Variational Federated Multi-Task Learning
Luca Corinzia, Ami Beuret, Joachim M. Buhmann
TL;DR
This work tackles federated learning under strong data heterogeneity by reframing the problem as federated multi-task learning for non-convex models. The authors propose VIRTUAL, a variational inference-based framework that models a star-shaped Bayesian network connecting a central server to multiple clients, yielding shared and task-specific parameters with privacy-preserving updates. Empirical results on diverse real-world datasets show VIRTUAL outperforms FedAvg and FedProx on MT performance while enabling sparser updates and reduced communication. The approach provides a principled way to transfer knowledge across clients and personalize models to local distributions, with practical implications for scalable, privacy-preserving FL.
Abstract
In federated learning, a central server coordinates the training of a single model on a massively distributed network of devices.
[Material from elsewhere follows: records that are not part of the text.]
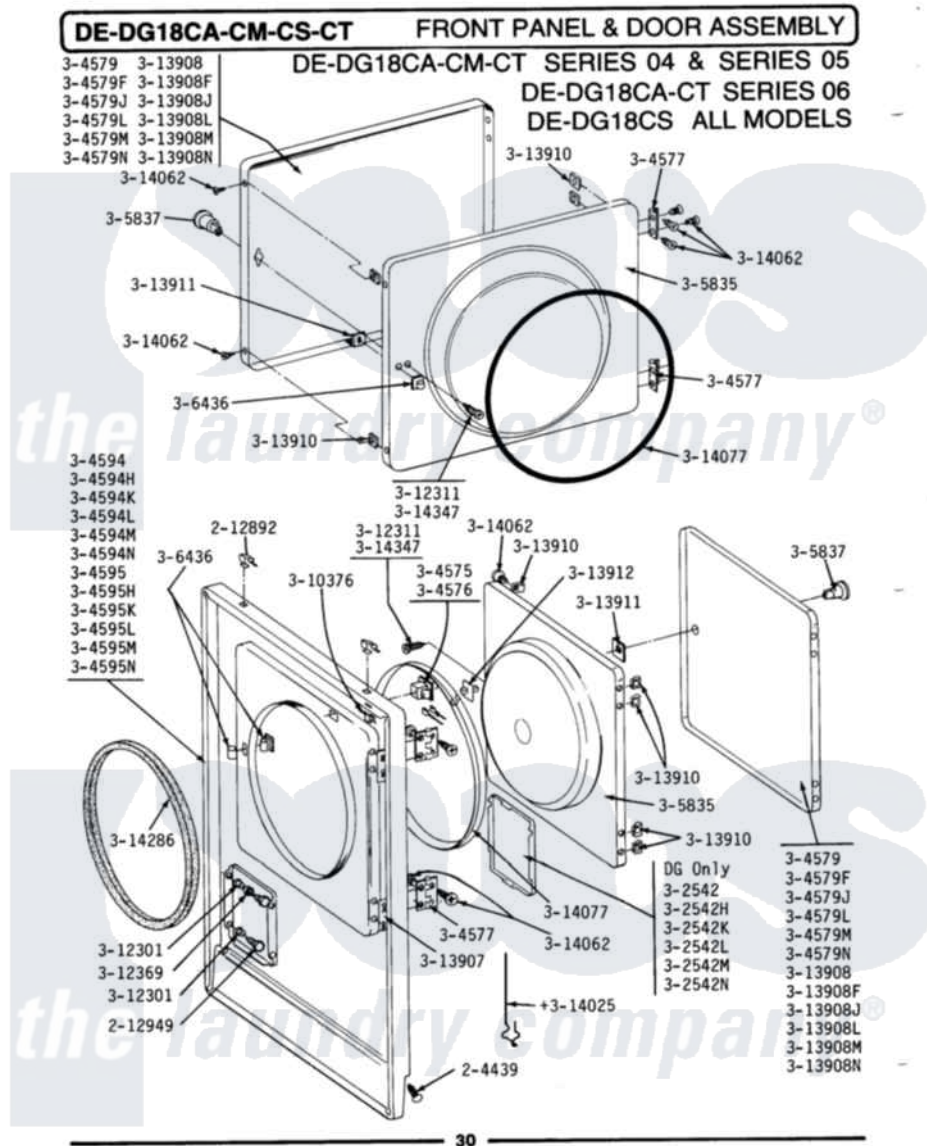

# Maytag LDG18CM 10 - FRONT PANEL & DOOR ASSEMBLY

Maytag Residential Maytag LDG18CM Dryer Parts Parts Diagram 10 - FRONT PANEL & DOOR ASSEMBLY  
 Click on the part number to view part

Item	Original Part Number	Replaced By	Status	Part Description
001	<a href="#">204439</a>			Screw And Fstner Assembly
002	212949	<a href="#">22001866</a>		Screw, Relay
003	212982	<a href="#">22001650</a>		Fastener, Spring
004	NLA		Not Available	ACCESS DOOR (WHITE)
005	NLA		Not Available	ACCESS DOOR-ALMOND
006	NLA		Not Available	ACCESS DOOR-HARVEST WHEAT
007	Y304575	<a href="#">W10169313</a>		Switch-Dor
008	Y304577	<a href="#">33001230</a>		Hinge, Door
009	Y304579			DOOR (WHT)
010	NLA		Not Available	DOOR-ALMOND
011	NLA		Not Available	DOOR-HARVEST WHEAT
012	NLA		Not Available	FRONT PANEL-WHITE
013	NLA		Not Available	FRONT PANEL-ALMOND
014	NLA		Not Available	FRONT PANEL-HARVEST WHEAT
015	NLA		Not Available	INNER DOOR WITH KNOB &

015	NLA	Not Available	SCRE
016	NLA	Not Available	KNOB AND SCREW
017	<a href="#">306436</a>		Door Latch Kit--W
018	<a href="#">Y310376</a>		Clip, Door Switch Harness
019	NLA	Not Available	BUSHING FOR ACCESS STUD
020	NLA	Not Available	SCREW----NA
021	<a href="#">312369</a>		Sleeve, Access Panel Stud Part Not Used
022	Y313340		LABEL, LINT SCREEN INSTRUCTION
023	<a href="#">Y313907</a>		Fastener, Twin
024	Y313908		DOOR PANEL-WHITE
025	NLA	Not Available	DOOR PANEL-ALMOND
026	NLA	Not Available	DOOR PANEL-HARVEST WHEAT
027	<a href="#">Y313910</a>		Clip, Door Liner To Outer Panel
028	<a href="#">Y313911</a>		Door Strike Retainer
029	Y313927		INSTRUCTION LABEL
030	<a href="#">Y314025</a>		Latch For Access Door
031	<a href="#">Y314062</a>		Screw, Door Hinge And Panel
032	<a href="#">314077</a>		Door Seal
033	NLA	Not Available	GAS IGNITION LABEL
034	<a href="#">314286</a>		Seal For Front Panel
035	NLA	Not Available	SCREW FOR DOOR KNOB----NA

This setting can be naturally extended to a multi-task learning framework, to handle real-world federated datasets that typically show strong statistical heterogeneity among devices. Despite federated multi-task learning being shown to be an effective paradigm for real-world datasets, it has been applied only on convex models. In this work, we introduce VIRTUAL, an algorithm for federated multi-task learning for general non-convex models. In VIRTUAL the federated network of the server and the clients is treated as a star-shaped Bayesian network, and learning is performed on the network using approximated variational inference. We show that this method is effective on real-world federated datasets, outperforming the current state-of-the-art for federated learning, and concurrently allowing sparser gradient updates.